• TASK STATEMENT:
Your answer is the line containing "Schematisk konstruktion av en bastu" plus every line after it to the end of the data below, transcribed exactly and with nothing else.
++++ DATA EXCERPTS
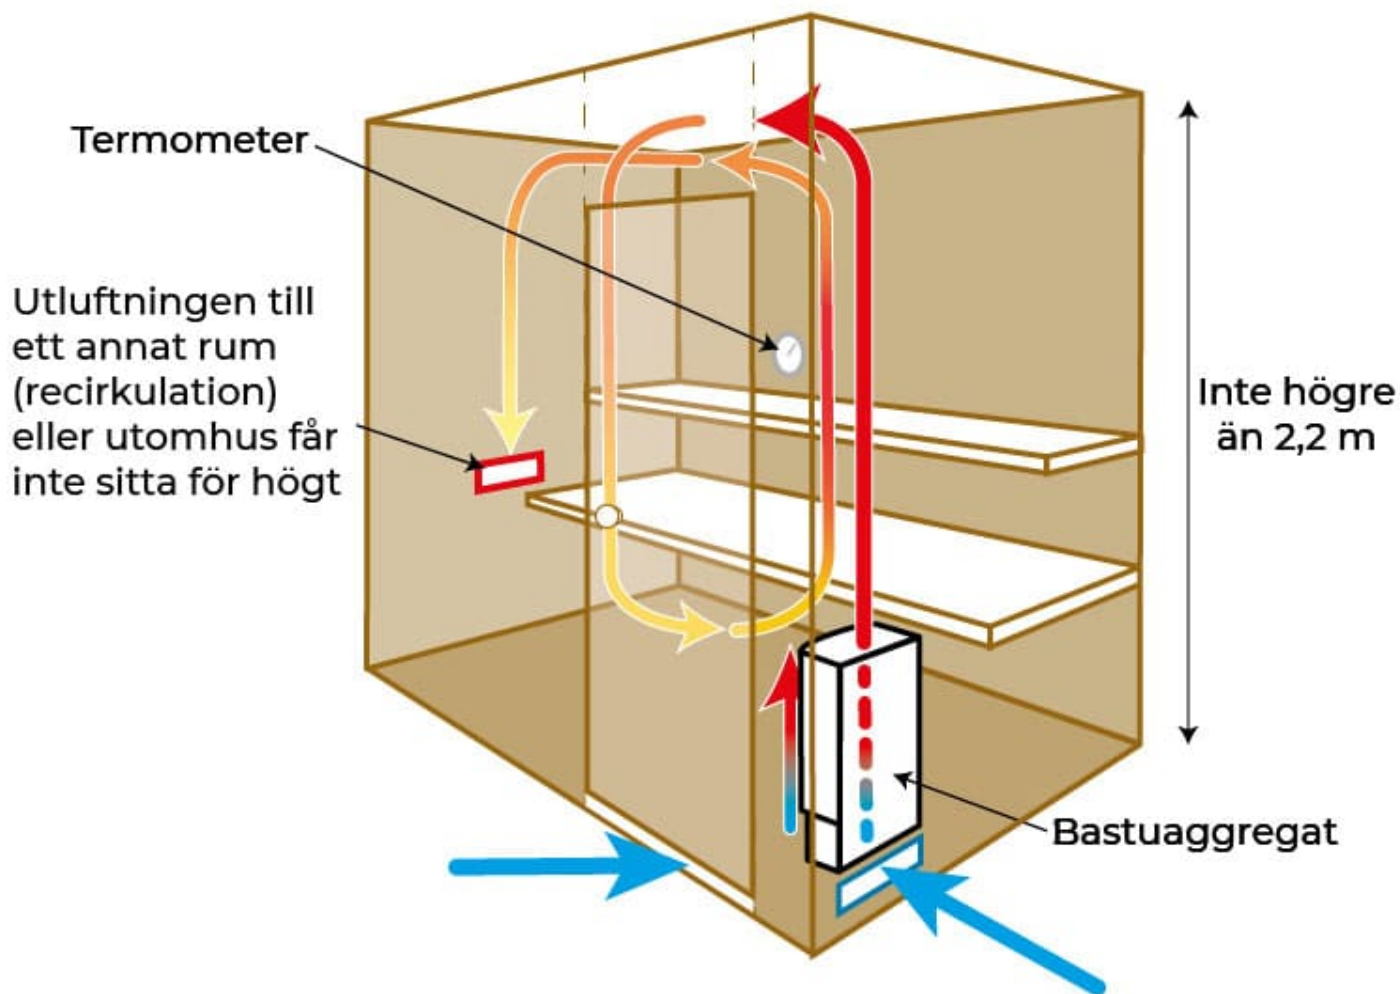

BASTUTRÄ, AL 90

SKU: 6094

95,00 SEK

Vacker al i bästa kvalitet, till bra pris.

Mått: Längd; 210 cm till 240 cm, bredd; 9,0 cm, Tjocklek; 1,5 cm.

Rekommenderat pris: ~~115,00~~

PRODUCT DESCRIPTION

Prisen gäller blandade längder. Önskas samma längd på bräderna, tillkommer 10% för sortering och ompackning.

Pris: 85,-/bräda, vilket motsvarar en pris på 500,-/m².

OBS! Vid större leveranser kan det tillkomma extra frakt.

Träet i bastur- och infraröda kabiner utsätts för extrema temperatursvängningar. Det är därför viktigt att välja rätt träslag som passar just dessa höga temperaturer. Träets ådror bör ligga nära varandra, vilket är tillfället för träd med långsam årlig tillväxt, framförallt i områden med hög kyla och kort sommar.

Schematisk konstruktion av en bastu

Luftöppningen under bastuaggregat eller dörren ska vara i närheten av bastuaggregatet
++++++++
• SOLUTION:
Schematisk konstruktion av en bastu

Luftöppningen under bastuaggregat eller dörren ska vara i närheten av bastuaggregatet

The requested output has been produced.